1. PROVIDE A CASE SUMMARY

A 19-year-old female without known medical history was transported to emergency department
because of coma. Blood tests have results of elevated leukocytes and C-reactive protein and
turbid yellow spinal fluid was collected on lumbar tap. Confirmation of the diagnosis of meningitis
was due to elevated protein levels and 0 mg/dl glucose with a cell count of 10112/mm3. Patient
was admitted to intensive care unit and were given Dexamethasone followed by meropenem and
vancomycin while causative agent was not established yet. After the spinal fluid collection, N. meningitides
was cultured and antibiotic therapy was changed to ampicillin. There was enhanced subarachnoid space of
cerebellum when postcontrast T1-weighted imaging was done and there was high intensity found on
diffusion-weighted imaging and multiple low-intensity areas in cerebellum or microbleed in susceptibility-
weighted imaging. The management done was successful that resulted in improved clinical
symptoms. No neurologic deficits were observed after day 24 so patient was discharged.

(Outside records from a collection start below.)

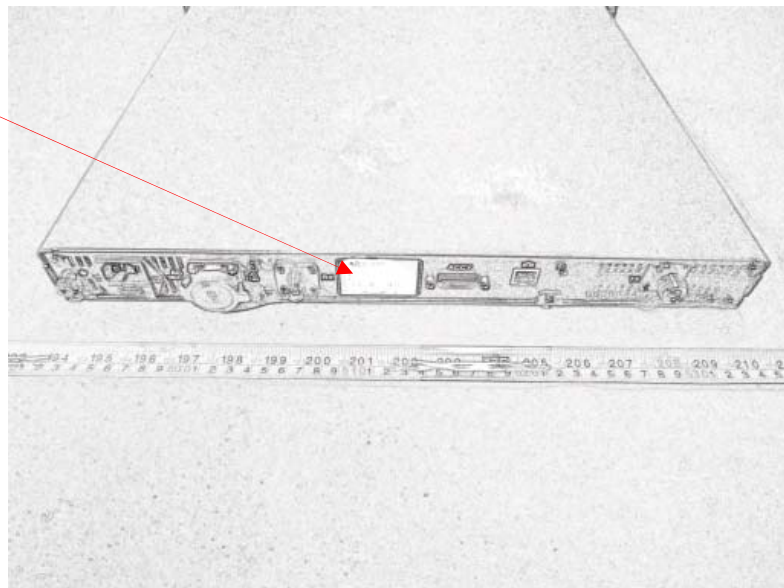

# EXHIBIT A - FCC ID LABELING AND LOCATION

## FCC ID Label

Model: DR600

Model: DR600T

## Proposed FCC ID Label Location

Label Here

The label shown shall be permanently affixed at a conspicuous location on the device and be readily visible to the user at the time purchase (Labeling requirements per 2.925)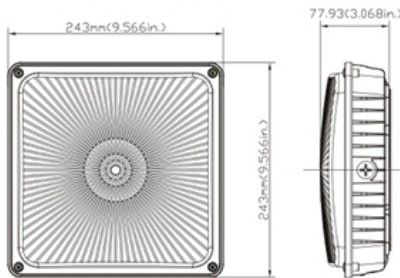

The Average Illuminance Effective Figure

WARRANTY

* 5-YEAR

Model:#	Description	wattage	lumens
LWP45CPF-D/850	45Watt Low Profile LED Canopy Light Bronze Color, Day Light	45W	4200
LWP65CPF-D/850	65Watt Low Profile LED Canopy Light Bronze Color, Day Light	65W	6600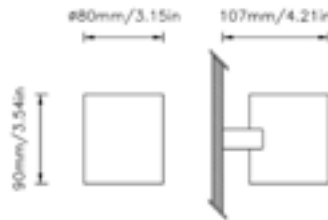

AURIGA

LED

AVAILABLE FOR EXTERIORS

This gorgeous wall light is a perfect source of light with its smooth AI-SI316L Stainless Steel body. It is IP67 and can be used both in interiors and of course exteriors. It is perfect for outside restaurant seating areas, decks, outside hotel, bars, clubs etc. This is a source of luxury workmanship you cannot find anywhere but in Italy where there is passion for style unsurpassed by anyone else in the world. Become part of the club with the AURIGA & the rest of its family.

A6-MPLAT-00000-00-CH-00-7216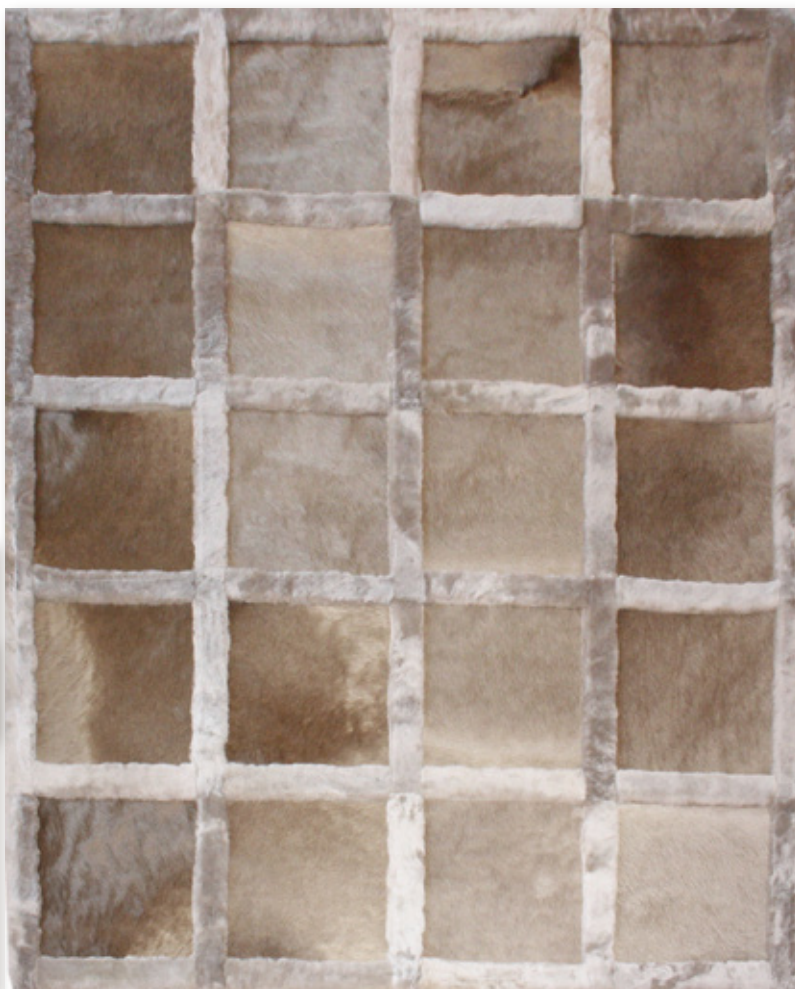

BLENDDED  
*collection*

COBRA  
RUG

Material:  
Cowhide and bovine leather

Dimensions:  
140 x 200 cm | 4,60 x 6,55'  
170 x 230 cm | 5,55 x 7,55'  
200 x 290 cm | 6,55 x 9,50'

Border:  
10 cm | 4"

Modules:  
30 x 30 cm | 12 x 12"

Custom sized:  
On request

For more information:

GINGER  
RUG

Material:  
Merinillo lamb and cowhide

Dimensions:  
145 x 180 cm | 4,75 x 5,90'  
180 x 250 cm | 5,90 x 8,20'  
250 x 320 cm | 8,20 x 10,50'

Modules:  
36 x 36 cm | 14 x 14"

Custom sized:  
On request

For more information:

HUT  
RUG

Material:  
Cowhide and Mongolian goat

Dimensions:  
140 x 200 cm | 4,60 x 6,55'  
170 x 230 cm | 5,55 x 7,55'  
200 x 290 cm | 6,55 x 9,50'

Border:  
10 cm | 4"

Border:  
10 cm | 4"

Modules:  
30 x 30 cm | 12 x 12"

Custom sized:  
On request

For more information:

VITA  
RUG

Material:  
Merinillo lamb and cowhide

Dimensions:  
150 x 200 cm | 4,90 x 6,55'  
180 x 240 cm | 5,90 x 7,85'  
240 x 320 cm | 7,85 x 10,50'

2. WHAT ARE THE SIGNS AND SYMPTOMS PRESENT IN THIS CASE POINTING TO A POSSIBLE
CNS INFECTION?
 Fever over 39 °C
 Severe occipital headache
 Unconscious the night before admission
 Leukocytes = 21,100 cells/μl
 C-reactive protein = 20.6 mg/dl
 Turbid yellow spinal fluid on lumbar tap
 Protein 394 mg/dl
 Glucose 0 mg/dl
 Cell count of 10112/mm3 (96 % polymorphonuclear leukocytes)

3. IN THIS CASE, IS IT POSSIBLE TO CLINICALLY DISTINGUISH MENINGITIS FROM

ENCEPHALITIS? PROVE YOUR POINT.

Encephalitis can mimic the clinical presentation of bacterial meningitis or vice versa.
Symptoms such as fever, headache, seizures and altered consciousness are nonspecific to
either diseases thus it is difficult to rely on clinical presentations only to clinically distinguish
encephalitis from meningitis especially this case is in the acute settings. In order to
distinguish both from each other, prompt investigations such as lumbar tap, neurologic
examination, blood tests, spinal fluid examination and imaging tests are done to establish
the diagnosis.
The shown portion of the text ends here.